TASK DIRECTIONS —
Write out exactly the lines below starting at the one containing "# Movario 28 573" and ending at the one containing "Mounting Location: Ceiling". Omit every picture.

··· TASK MATERIAL

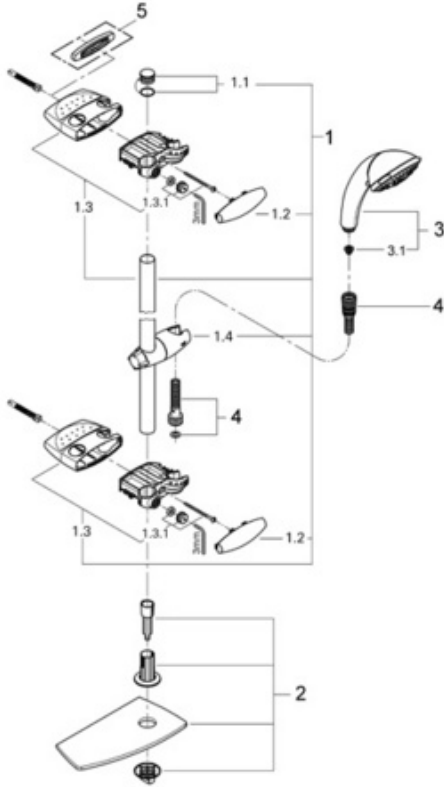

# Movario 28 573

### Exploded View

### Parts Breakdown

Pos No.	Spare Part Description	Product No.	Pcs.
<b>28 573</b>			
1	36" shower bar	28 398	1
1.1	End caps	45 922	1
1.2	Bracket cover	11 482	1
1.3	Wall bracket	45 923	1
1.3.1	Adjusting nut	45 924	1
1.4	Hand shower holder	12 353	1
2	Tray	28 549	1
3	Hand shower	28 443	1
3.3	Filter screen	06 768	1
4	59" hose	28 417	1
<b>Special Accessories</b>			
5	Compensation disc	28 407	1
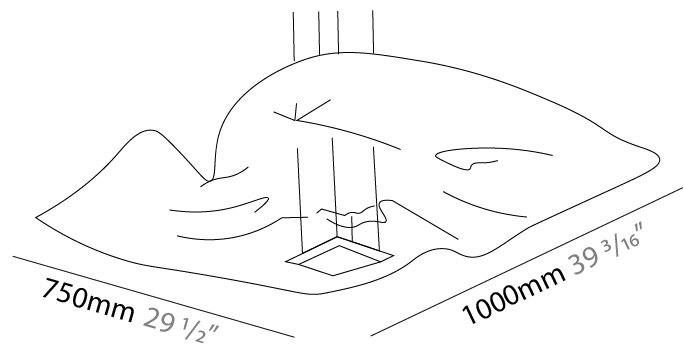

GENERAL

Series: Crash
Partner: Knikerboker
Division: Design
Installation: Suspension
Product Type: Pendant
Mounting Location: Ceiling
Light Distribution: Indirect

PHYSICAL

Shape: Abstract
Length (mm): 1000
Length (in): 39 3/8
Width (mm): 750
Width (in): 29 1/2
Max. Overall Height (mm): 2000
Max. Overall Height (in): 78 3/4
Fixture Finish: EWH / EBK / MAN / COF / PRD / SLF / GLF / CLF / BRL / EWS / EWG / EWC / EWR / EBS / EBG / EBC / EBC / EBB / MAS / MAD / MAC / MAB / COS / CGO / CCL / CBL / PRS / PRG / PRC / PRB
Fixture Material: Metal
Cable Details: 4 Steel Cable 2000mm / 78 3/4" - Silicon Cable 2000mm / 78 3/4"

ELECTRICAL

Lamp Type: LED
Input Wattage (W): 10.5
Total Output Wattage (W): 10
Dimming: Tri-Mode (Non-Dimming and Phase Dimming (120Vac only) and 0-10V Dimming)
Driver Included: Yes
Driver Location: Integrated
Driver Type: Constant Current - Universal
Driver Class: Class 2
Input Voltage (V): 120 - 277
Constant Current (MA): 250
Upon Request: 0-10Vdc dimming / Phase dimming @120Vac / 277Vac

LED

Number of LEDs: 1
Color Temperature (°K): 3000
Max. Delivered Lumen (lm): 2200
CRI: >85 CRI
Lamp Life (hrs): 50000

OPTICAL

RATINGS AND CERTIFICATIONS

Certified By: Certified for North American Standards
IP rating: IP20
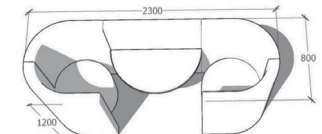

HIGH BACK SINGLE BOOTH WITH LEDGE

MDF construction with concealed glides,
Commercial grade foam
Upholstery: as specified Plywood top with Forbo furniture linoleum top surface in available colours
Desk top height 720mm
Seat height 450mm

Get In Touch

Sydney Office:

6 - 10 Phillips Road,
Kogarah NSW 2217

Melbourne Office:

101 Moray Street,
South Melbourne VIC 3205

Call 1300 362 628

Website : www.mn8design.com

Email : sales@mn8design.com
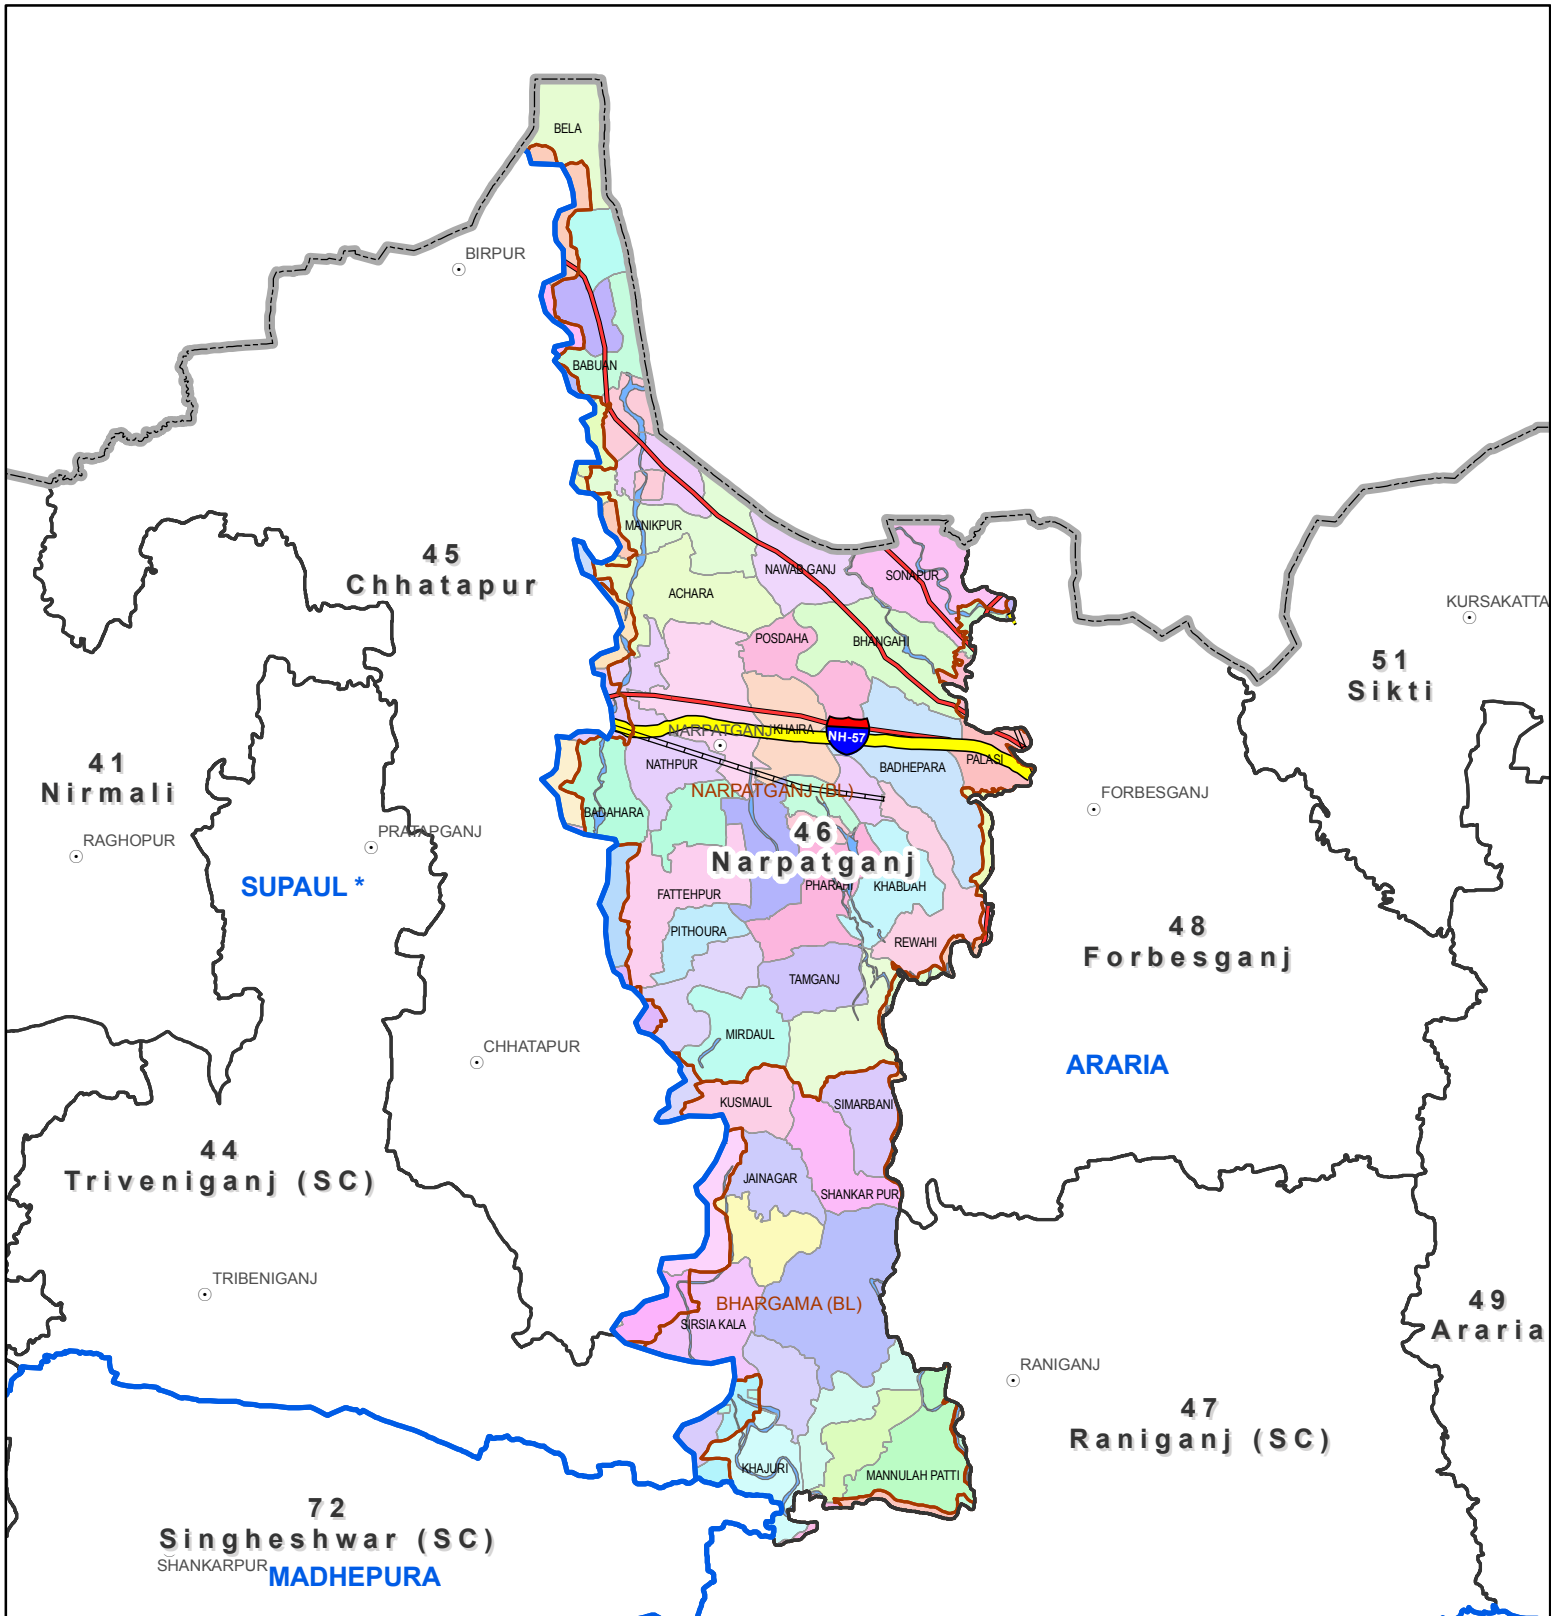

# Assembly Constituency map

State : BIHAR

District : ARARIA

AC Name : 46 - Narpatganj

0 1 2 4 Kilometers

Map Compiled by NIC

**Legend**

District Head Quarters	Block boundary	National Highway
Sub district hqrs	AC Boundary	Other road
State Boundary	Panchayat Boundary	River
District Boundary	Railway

······
··· TASK MATERIAL

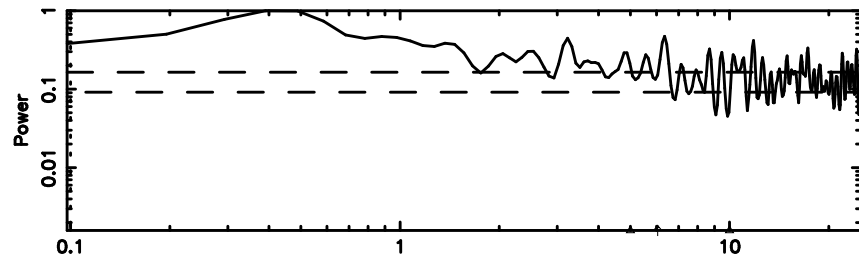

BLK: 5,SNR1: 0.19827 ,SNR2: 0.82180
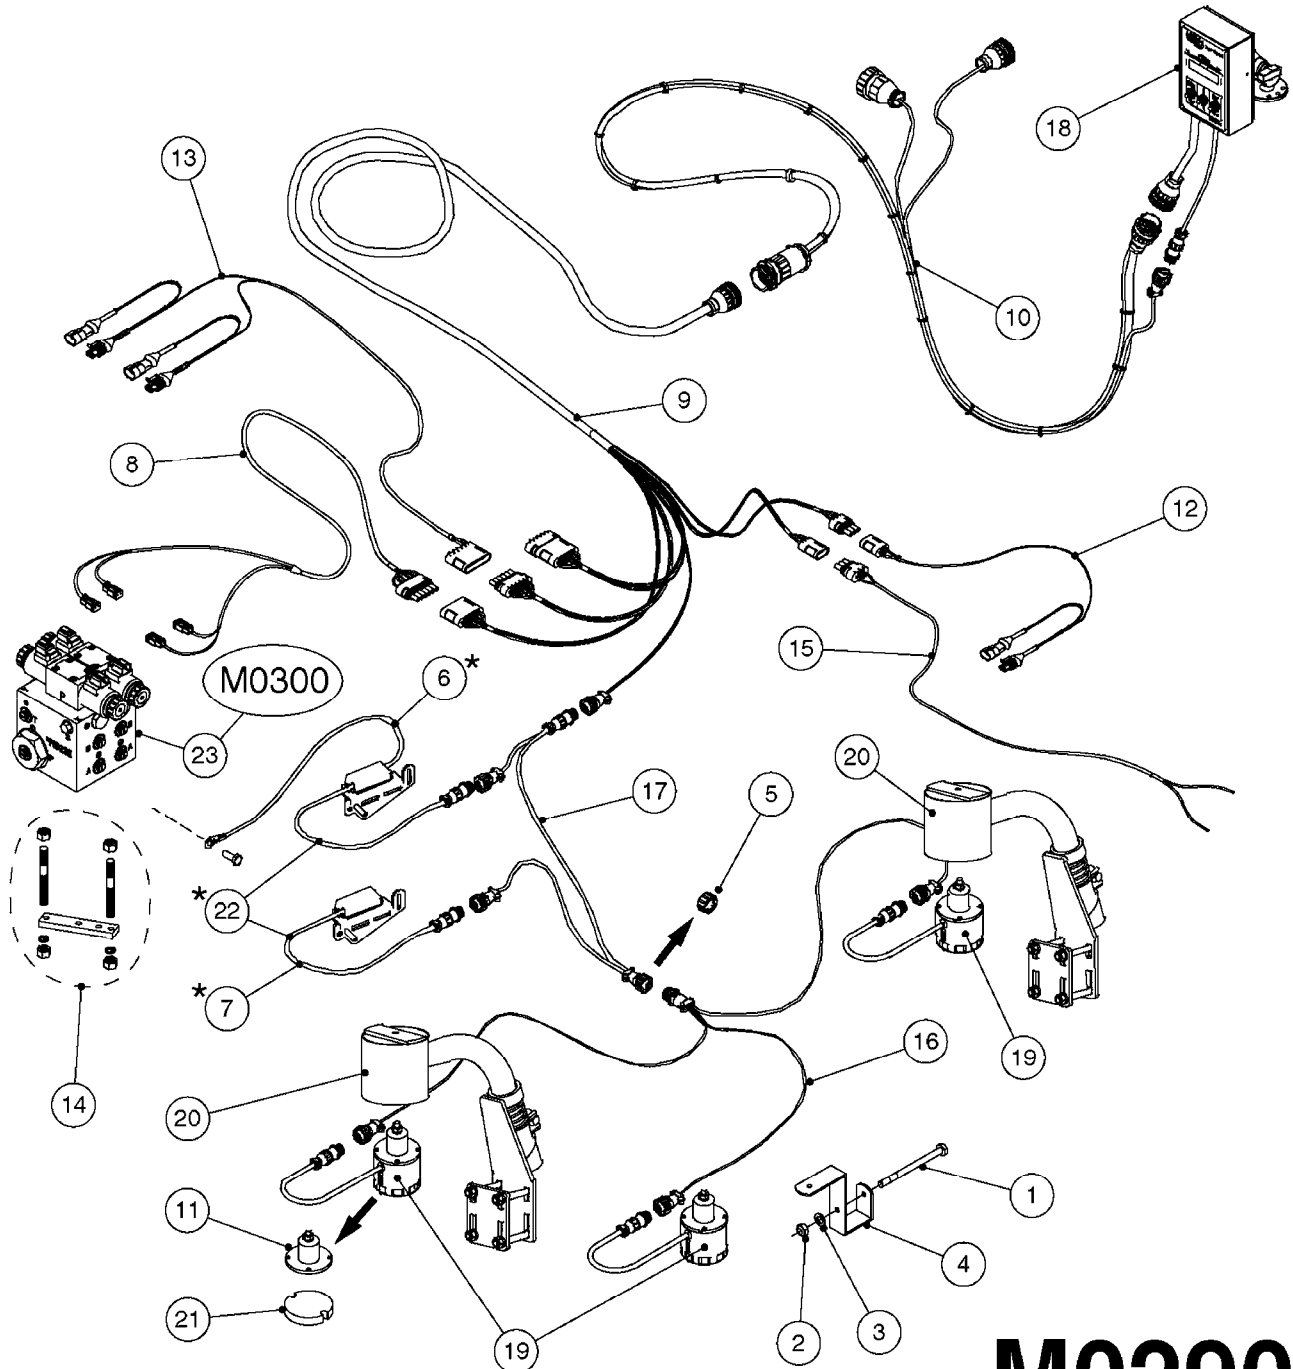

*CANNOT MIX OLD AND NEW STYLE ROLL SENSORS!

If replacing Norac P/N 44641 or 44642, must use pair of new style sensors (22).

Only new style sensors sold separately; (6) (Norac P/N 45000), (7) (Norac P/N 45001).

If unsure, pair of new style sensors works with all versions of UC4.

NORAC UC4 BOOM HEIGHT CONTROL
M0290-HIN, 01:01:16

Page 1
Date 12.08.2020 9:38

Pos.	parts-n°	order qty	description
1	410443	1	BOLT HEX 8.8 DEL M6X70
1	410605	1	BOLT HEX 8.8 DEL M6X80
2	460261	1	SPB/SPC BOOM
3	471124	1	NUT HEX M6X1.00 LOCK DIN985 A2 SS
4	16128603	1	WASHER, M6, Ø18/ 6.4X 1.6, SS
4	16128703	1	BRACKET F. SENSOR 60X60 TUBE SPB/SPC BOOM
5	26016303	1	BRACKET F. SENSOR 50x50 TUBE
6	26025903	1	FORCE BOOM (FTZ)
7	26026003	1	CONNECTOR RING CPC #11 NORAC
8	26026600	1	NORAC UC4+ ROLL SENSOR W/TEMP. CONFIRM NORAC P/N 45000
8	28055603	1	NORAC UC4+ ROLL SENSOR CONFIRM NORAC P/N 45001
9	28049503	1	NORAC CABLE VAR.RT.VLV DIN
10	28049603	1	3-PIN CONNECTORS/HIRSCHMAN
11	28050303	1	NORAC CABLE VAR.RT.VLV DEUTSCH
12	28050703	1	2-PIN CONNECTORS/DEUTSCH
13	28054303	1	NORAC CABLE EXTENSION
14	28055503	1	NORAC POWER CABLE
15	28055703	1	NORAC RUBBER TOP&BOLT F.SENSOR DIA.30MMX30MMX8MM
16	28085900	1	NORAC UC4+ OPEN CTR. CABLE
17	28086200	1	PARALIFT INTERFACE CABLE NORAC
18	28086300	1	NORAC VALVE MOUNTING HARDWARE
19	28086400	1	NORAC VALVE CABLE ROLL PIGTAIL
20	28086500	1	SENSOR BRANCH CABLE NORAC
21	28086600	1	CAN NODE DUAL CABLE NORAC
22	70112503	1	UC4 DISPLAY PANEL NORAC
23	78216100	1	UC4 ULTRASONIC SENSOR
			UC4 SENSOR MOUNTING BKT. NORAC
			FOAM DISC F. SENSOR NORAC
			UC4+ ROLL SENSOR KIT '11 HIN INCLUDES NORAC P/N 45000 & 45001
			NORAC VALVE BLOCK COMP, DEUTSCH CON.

······

SOLUTION TO THIS TASK —
# Movario 28 573

### Exploded View

### Parts Breakdown

Pos No.	Spare Part Description	Product No.	Pcs.
<b>28 573</b>			
1	36" shower bar	28 398	1
1.1	End caps	45 922	1
1.2	Bracket cover	11 482	1
1.3	Wall bracket	45 923	1
1.3.1	Adjusting nut	45 924	1
1.4	Hand shower holder	12 353	1
2	Tray	28 549	1
3	Hand shower	28 443	1
3.3	Filter screen	06 768	1
4	59" hose	28 417	1
<b>Special Accessories</b>			
5	Compensation disc	28 407	1

GENERAL

Series: Crash
Partner: Knikerboker
Division: Design
Installation: Suspension
Product Type: Pendant
Mounting Location: Ceiling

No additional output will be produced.